# [Task statement]
Transcribe the entries below without changing a word, and omit every picture.

──────────────────────────────

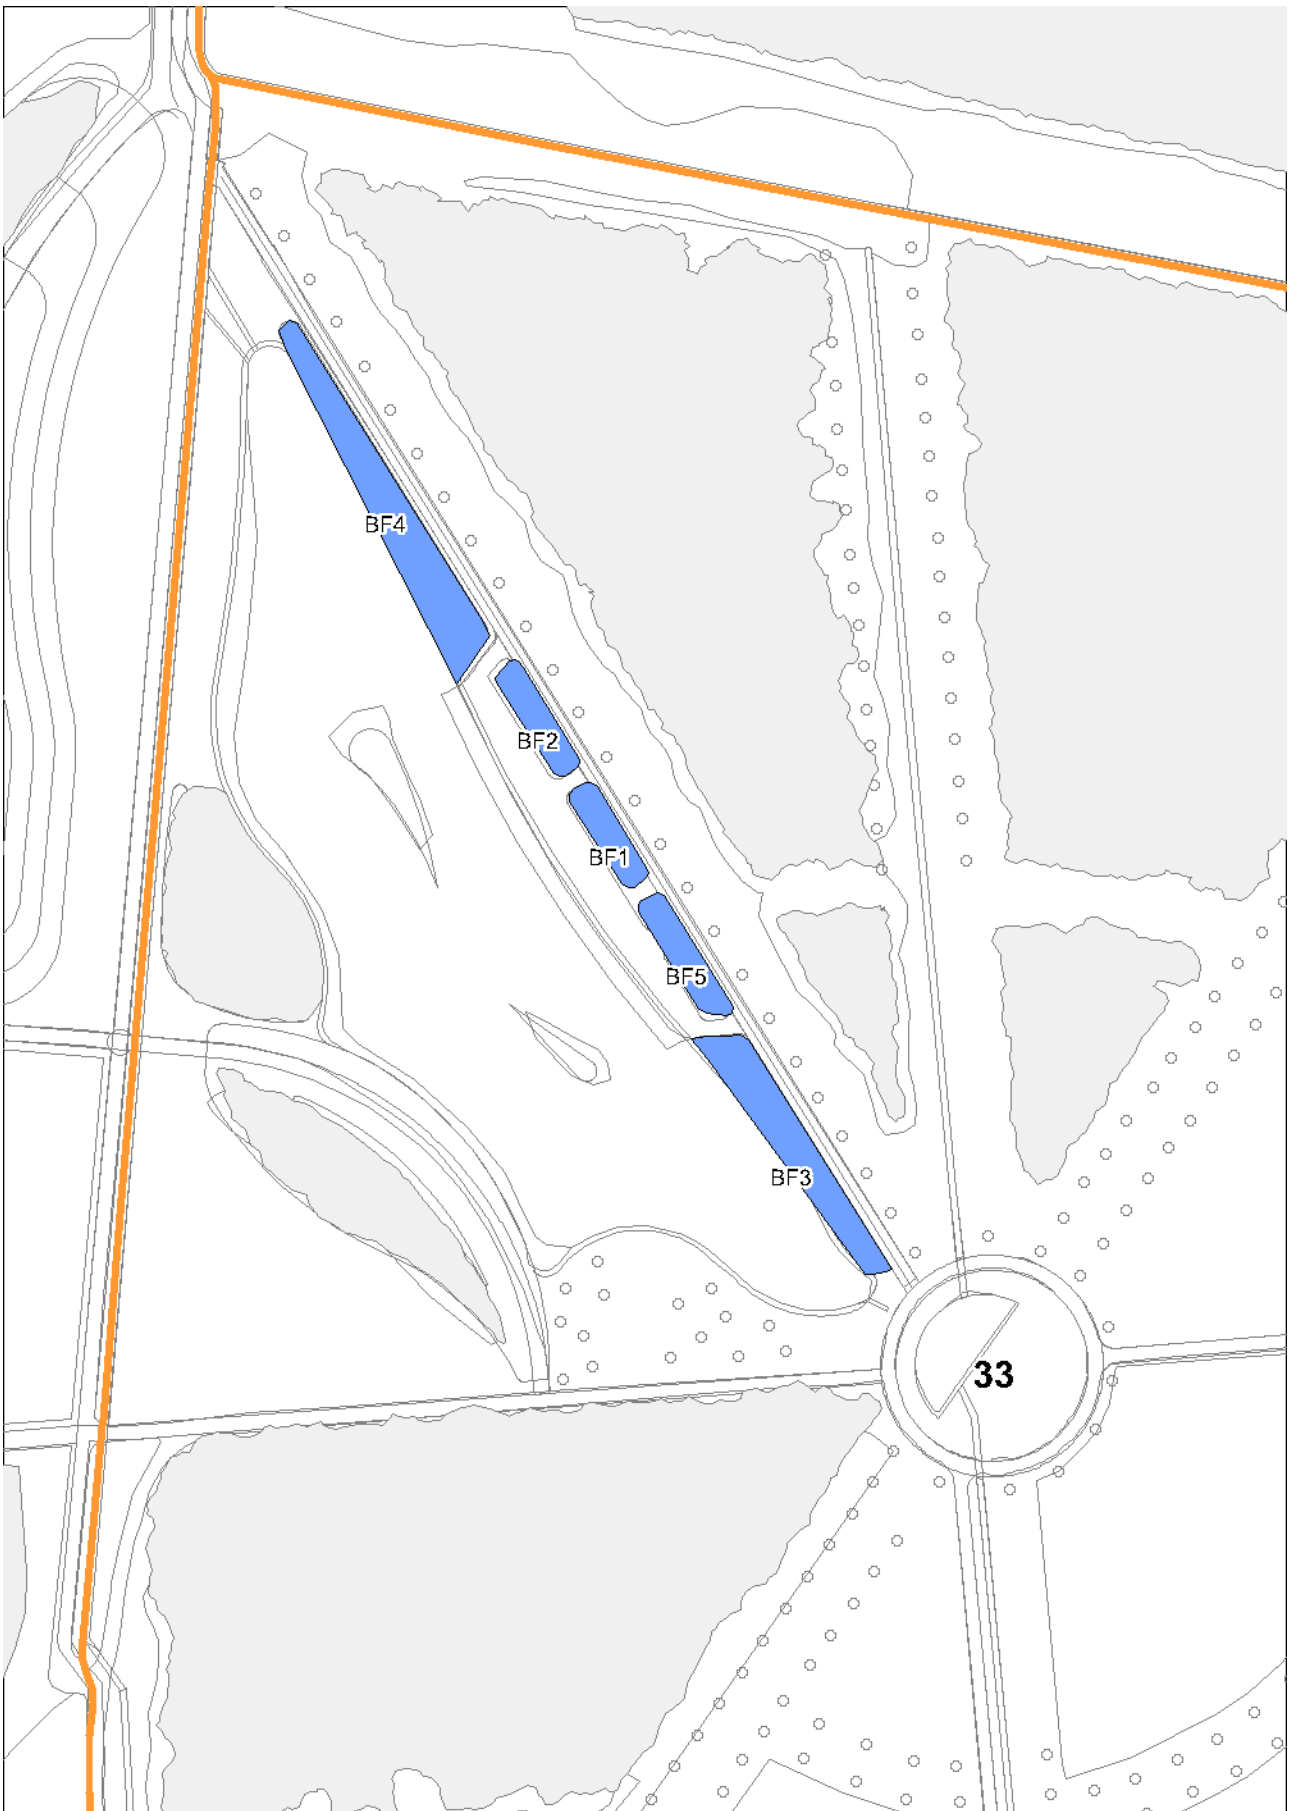

Planimetria generale arbusti, siepi e barriere ornamentali-forestali

Zona 1 Cascina Sede Parco

Zona 2 Boschi Nord Cascina

Zona 3 Lago Cinisello

Zona 4 Primo Lotto

Zona 5 Secondo Lotto

Zona 6 Ingresso Clerici

Zona 7 Rotonda Querce Rosse

Zona 8 Boschi delle Famiglie

Zona 9 Via Turoldo

Zona10 Via Per Bresso

Zona 13 Tranvia Gorky

Zona 14 Centro Scolastico

Zona 16 Bunker Clerici

Zona 19 Torretta

Zona 20 Lago Montagnetta

Zona 21 Montagnetta

Zona 22 Velodromo

Zona 23 Lago Bresso

Zona 24 Borromeo

Zona 25 Arezzo Empoli

Zona 26 Don Vercesi

Zona 27 Salto Del Gatto

Zona 28 Adriatico

Zona 30 Villa Manzoni

Zona 33 Lago Bruzzano

Zona 35 Pasta Deledda

Zona 36 Giardini Della Scienza

Zona 37 Cimitero Bruzzano

Zona 38 Vasca Seveso

Zona 39 Via Comboni
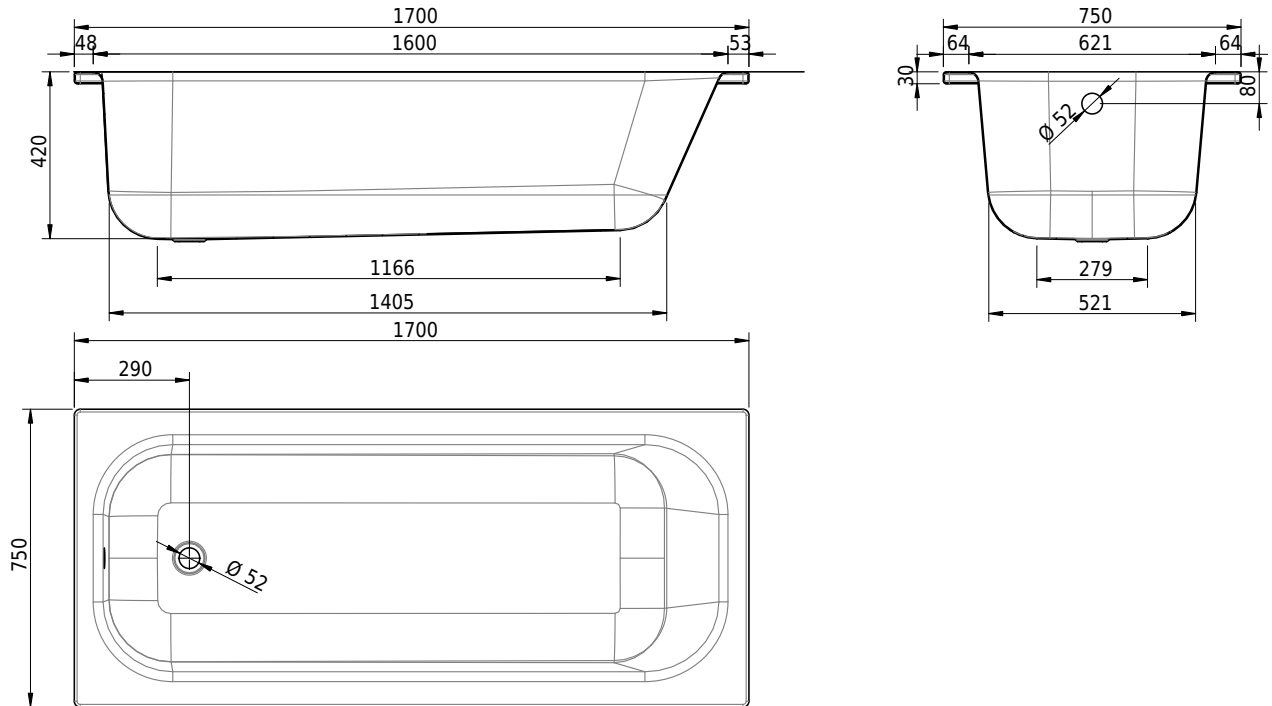

Massskizze

Schmidlin SWISS LINE

170 x 75 x 42 cm

Artikel-Nr.: 1737-0001 SGVSB-Nr.: 111608 ST-Nr.: ?1111314 Gewicht: 51 kg

Optionen

- ANTIGLISS PRO
- GLASUR PLUS [OV01]
- AQUAGRIP

Zubehör

- Schmidlin SWISS LINE Badewannen-Montageset (SIA 181), mit Badewannen-Montagesystem (SIA 181), Dichtband 4 m, Viega Multiplex 560 mm, Viega Ausstattungsset M5
- Schmidlin SWISS LINE Badewannen-Montageset (SIA 181), mit Badewannen-Montagesystem (SIA 181), Dichtband 4 m, Wannengarnitur und Fertigbauset Geberit
- Schmidlin SWISS LINE Badewannen-Montageset (SIA 181), mit Badewannen-Montagesystem (SIA 181), Dichtband 4 m, Viega Multiplex Trio 560 mm, Viega Ausstattungsset MT5
- Schmidlin SWISS LINE Badewannen-Montageset (SIA 181), mit Badewannen-Montagesystem (SIA 181), Dichtband 4 m, Wannengarnitur mit Zulauf und Fertigbauset Geberit
- Schmidlin SWISS LINE Badewannen-Montageset mit Badewannenträger INFINITY, Dichtband, Multiplex 560 mm
- Schmidlin SWISS LINE Badewannen-Montageset mit Badewannenträger INFINITY, Dichtband, Multiplex Trio 560 mm
- Schmidlin SWISS LINE Badewannen-Montageset mit Badewannenträger INFINITY, Dichtband, Wannengarnitur mit Zulauf Geberit

- Schmidlin SWISS LINE Badewannen-Montageset mit Badewannenträger INFINITY, Dichtband, Wannengarnitur und Fertigbauset Geberit
- Schürzenset 3 Seiten (Schürze Längsseite, 2x Schürze Breitseite), inkl. Schmidlin Vormauerungsband, ohne Montageschaum
- Schürzenset für Eckeinbau (Schürze Längsseite, Schürze Breitseite), inkl. Schmidlin Vormauerungsband, ohne Montageschaum
- Schürzenset für Nischeneinbau (Schürze Längsseite), inkl. Schmidlin Vormauerungsband, ohne Montageschaum

──────────────────────────────

# [Result]
Planimetria generale arbusti, siepi e barriere ornamentali-forestali

Zona 1 Cascina Sede Parco

Zona 2 Boschi Nord Cascina

Zona 3 Lago Cinisello

Zona 4 Primo Lotto

Zona 5 Secondo Lotto

Zona 6 Ingresso Clerici

Zona 7 Rotonda Querce Rosse

Zona 8 Boschi delle Famiglie

Zona 9 Via Turoldo

Zona10 Via Per Bresso

Zona 13 Tranvia Gorky

Zona 14 Centro Scolastico

Zona 16 Bunker Clerici

Zona 19 Torretta

Zona 20 Lago Montagnetta

Zona 21 Montagnetta

Zona 22 Velodromo

Zona 23 Lago Bresso

Zona 24 Borromeo

Zona 25 Arezzo Empoli

Zona 26 Don Vercesi

Zona 27 Salto Del Gatto

Zona 28 Adriatico

Zona 30 Villa Manzoni

Zona 33 Lago Bruzzano

Zona 35 Pasta Deledda

Zona 36 Giardini Della Scienza

Zona 37 Cimitero Bruzzano

Zona 38 Vasca Seveso

Zona 39 Via Comboni

Massskizze

Schmidlin SWISS LINE

170 x 75 x 42 cm

Artikel-Nr.: 1737-0001 SGVSB-Nr.: 111608 ST-Nr.: ?1111314 Gewicht: 51 kg

Optionen

- ANTIGLISS PRO
- GLASUR PLUS [OV01]
- AQUAGRIP

Zubehör

- Schmidlin SWISS LINE Badewannen-Montageset (SIA 181), mit Badewannen-Montagesystem (SIA 181), Dichtband 4 m, Viega Multiplex 560 mm, Viega Ausstattungsset M5
- Schmidlin SWISS LINE Badewannen-Montageset (SIA 181), mit Badewannen-Montagesystem (SIA 181), Dichtband 4 m, Wannengarnitur und Fertigbauset Geberit
- Schmidlin SWISS LINE Badewannen-Montageset (SIA 181), mit Badewannen-Montagesystem (SIA 181), Dichtband 4 m, Viega Multiplex Trio 560 mm, Viega Ausstattungsset MT5
- Schmidlin SWISS LINE Badewannen-Montageset (SIA 181), mit Badewannen-Montagesystem (SIA 181), Dichtband 4 m, Wannengarnitur mit Zulauf und Fertigbauset Geberit
- Schmidlin SWISS LINE Badewannen-Montageset mit Badewannenträger INFINITY, Dichtband, Multiplex 560 mm
- Schmidlin SWISS LINE Badewannen-Montageset mit Badewannenträger INFINITY, Dichtband, Multiplex Trio 560 mm
- Schmidlin SWISS LINE Badewannen-Montageset mit Badewannenträger INFINITY, Dichtband, Wannengarnitur mit Zulauf Geberit

- Schmidlin SWISS LINE Badewannen-Montageset mit Badewannenträger INFINITY, Dichtband, Wannengarnitur und Fertigbauset Geberit
- Schürzenset 3 Seiten (Schürze Längsseite, 2x Schürze Breitseite), inkl. Schmidlin Vormauerungsband, ohne Montageschaum
- Schürzenset für Eckeinbau (Schürze Längsseite, Schürze Breitseite), inkl. Schmidlin Vormauerungsband, ohne Montageschaum
- Schürzenset für Nischeneinbau (Schürze Längsseite), inkl. Schmidlin Vormauerungsband, ohne Montageschaum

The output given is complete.